Your concern is correct: If your input is a list of files, rather than
the files themselves, then the tasks would not be data-local - since
the task input would just be the list of files, and the files' data
may reside on any node/rack of the cluster.
However, your job will still run as the HDFS reads do remote reads
transparently without developer intervention and all will still work
as you've written it to. If a block is found local to the DN, it is
read locally as well - all of this is automatic.
Are your input lists big (for each compressed output)? And is the list
arbitrary or a defined list per goal?
On Tue, Mar 5, 2013 at 5:19 PM, Julian Bui <firstname.lastname@example.org> wrote:
> Hi hadoop users,
> I'm trying to find out if computation migration is something the developer
> needs to worry about or if it's supposed to be hidden.

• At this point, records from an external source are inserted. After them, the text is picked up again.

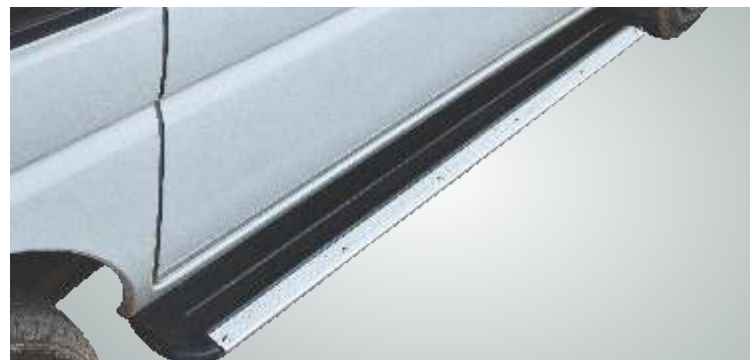

COMPACT For Ecco
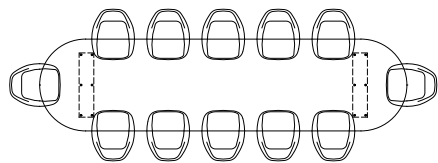

282 cm | 111"

How many chairs fit a dining table

Oval

The chair used in the example has a width of 46,5 cm. The frames of the oval tables can be mounted on two positions. The exact space between the frames depends on the type of table frame. The frames of the 350 and 400 cm tables have a fixed position. You do not have to decide on the positioning when you purchase the table. All mounting positions are already in the tabletop so you can always change the position yourself.

200 cm | 78 3/4"
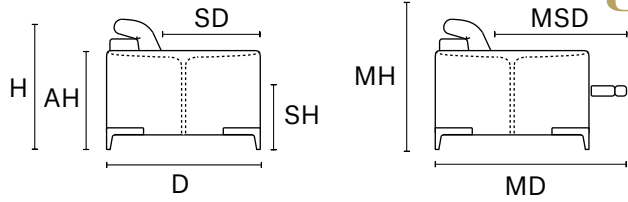

Thin stitch standard

Thick stitch option

LEATHER COLOR SHADE DIFFERENCES: The model upholstered with some Natural leather such as Maya, Moss, Carees and Sensation, could present in some area differences in color tones of about 5%. Such differences are not to be considered defect but an expression of the natural characteristic of the cowhide. The company reserves the right without prior notice to make technical sheets changes and/or materials for quality product improvement. Leather sofas are a handmade product and according to the leather covering selected there could be a measurement tolerance of about 2 inches (cm 5) on each sku.

REV. 002 DEL 28/10/2020 | Pag. 2 of 2

D 45" MD 70" H 34" AH 24" SH 19" SD 23" MSD 39" MH 43"

MAXI SEAT (version of the group have the same seat width)

W 93"
V106+V108 SOFA MAXI RCL
ELECTRIC HEAD AND FOOT

> I would like to use hadoop to take in a list of image paths in the hdfs and
> then have each task compress these large, raw images into something much
> smaller - say jpeg files.
> Input: list of paths
> Output: compressed jpeg
> Since I don't really need a reduce task (I'm more using hadoop for its
> reliability and orchestration aspects), my mapper ought to just take the
> list of image paths and then work on them. As I understand it, each image
> will likely be on multiple data nodes.
> My question is how will each mapper task "migrate the computation" to the
> data nodes? I recall reading that the namenode is supposed to deal with
> this. Is it hidden from the developer? Or as the developer, do I need to
> discover where the data lies and then migrate the task to that node? Since
> my input is just a list of paths, it seems like the namenode couldn't really
> do this for me.
> Another question: Where can I find out more about this? I've looked up
> "rack awareness" and "computation migration" but haven't really found much
> code relating to either one - leading me to believe I'm not supposed to have
> to write code to deal with this.
> Anyway, could someone please help me out or set me straight on this?